◆ WHAT TO DO
Your output should be the lines from the one that contains "Casas (Placidus)" to the end of the listing, transcribed exactly. Include nothing else.

◆ EXERCISE INPUTS
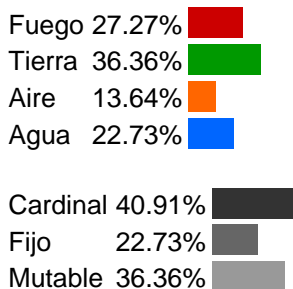

Carta natal

Cristian Abel Amato

29/08/1972 04:00:00 (/03)
29/08/1972 07:00:00 UT

31:24:00S 64:11:00W

Tropical/geocéntrico
Carta eclíptica
Casas: Placidus

ARMC: 18°24'5.45652"

carta-natal.es

Generalidades

Casas (Placidus)

C 1 (AC)	♈	02°49'18"
C 2	♌	08°15'36"
C 3	♍	16°11'13"
C 4	♎	19°55'54"
C 5	♏	17°16'59"
C 6	♐	10°28'44"
C 7	♑	02°49'18"
C 8	♒	08°15'36"
C 9	♓	16°11'13"
C 10 (MC)	♈	19°55'54"
C 11	♉	17°16'59"
C 12	♊	10°28'44"

Planetas

☉	♏	06°01'41"	2
☾	♋	06°10'38"	10
☿	♌	18°24'30"	2
♀	♈	20°13'56"	1
♂	♏	09°03'36"	2
♃	♈	28°30'45"E	6
♄	♋	19°32'25"	12
♅	♎	16°07'08"	3 » 4
♆	♈	02°32'55"	5
♇	♎	00°55'10"	3

Aspectos

☉	120°	☾	0.15° (S)
☉	0°	♂	3.03° (A)
☉	90°	♆	3.48° (S)
☾	120°	♂	2.88° (A)
♀	60°	♄	1.13° (A)
♀	60°	♅	2.29° (S)
♀	30°	♄	0.69° (S)
♀	90°	♅	4.11° (S)
♀	90°	MC	0.3° (A)
♃	90°	♆	2.41° (S)
♄	120°	♅	3.42° (S)
♄	60°	MC	0.39° (S)
♆	60°	♆	1.63° (A)
♆	150°	AC	0.27° (S)

◆ ANSWER BELOW
Casas (Placidus)

C 1 (AC)	♈	02°49'18"
C 2	♌	08°15'36"
C 3	♍	16°11'13"
C 4	♎	19°55'54"
C 5	♏	17°16'59"
C 6	♐	10°28'44"
C 7	♑	02°49'18"
C 8	♒	08°15'36"
C 9	♓	16°11'13"
C 10 (MC)	♈	19°55'54"
C 11	♉	17°16'59"
C 12	♊	10°28'44"

Planetas

☉	♏	06°01'41"	2
☾	♋	06°10'38"	10
☿	♌	18°24'30"	2
♀	♈	20°13'56"	1
♂	♏	09°03'36"	2
♃	♈	28°30'45"E	6
♄	♋	19°32'25"	12
♅	♎	16°07'08"	3 » 4
♆	♈	02°32'55"	5
♇	♎	00°55'10"	3

Aspectos

☉	120°	☾	0.15° (S)
☉	0°	♂	3.03° (A)
☉	90°	♆	3.48° (S)
☾	120°	♂	2.88° (A)
♀	60°	♄	1.13° (A)
♀	60°	♅	2.29° (S)
♀	30°	♄	0.69° (S)
♀	90°	♅	4.11° (S)
♀	90°	MC	0.3° (A)
♃	90°	♆	2.41° (S)
♄	120°	♅	3.42° (S)
♄	60°	MC	0.39° (S)
♆	60°	♆	1.63° (A)
♆	150°	AC	0.27° (S)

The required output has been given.